┌─ INPUT DATA

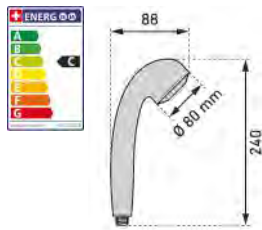

Exklusive Duschbrausen

Poignées de douche Exclusive

EAN-Nr. no EAN	Artikel Nr. no d'article	Beschreibung description	VPE ce	VE ue	UVP pro Stk. PVC CHF excl.	UVP pro Stk. PVC CHF incl.

Duschbrause Baronessa		Poignée de douche Baronessa					
	 7 611038 369538	09 5001 97	verchromt - Verstellring weiss chromé-anneau blanc 1/2" / 3 Strahl/Jets ; ~ 10 l/min	3		33.77	36.50

Erfüllt
Trinkwasseranforderungen
Conforme aux exigences en
matière d'eau potable

Duschbrause Baronessa Ghiera		Poignée de douche Baroness Ghiera					
	 7 611038 369569	09 5002 97	verchromt - Verstellring chrom chromé-anneau chromé 1/2" / 3 Strahl/Jets ; ~ 10 l/min	1		45.33	49.—

└─

(TASK REQUIREMENTS)
Starting at the line that contains "PVC CHF incl.", return every line through the last one above, exactly as written.

(ANSWER TO THE EXERCISE)
EAN-Nr. no EAN	Artikel Nr. no d'article	Beschreibung description	VPE ce	VE ue	UVP pro Stk. PVC CHF excl.	UVP pro Stk. PVC CHF incl.

Duschbrause Baronessa		Poignée de douche Baronessa					
	 7 611038 369538	09 5001 97	verchromt - Verstellring weiss chromé-anneau blanc 1/2" / 3 Strahl/Jets ; ~ 10 l/min	3		33.77	36.50

Erfüllt
Trinkwasseranforderungen
Conforme aux exigences en
matière d'eau potable

Duschbrause Baronessa Ghiera		Poignée de douche Baroness Ghiera					
	 7 611038 369569	09 5002 97	verchromt - Verstellring chrom chromé-anneau chromé 1/2" / 3 Strahl/Jets ; ~ 10 l/min	1		45.33	49.—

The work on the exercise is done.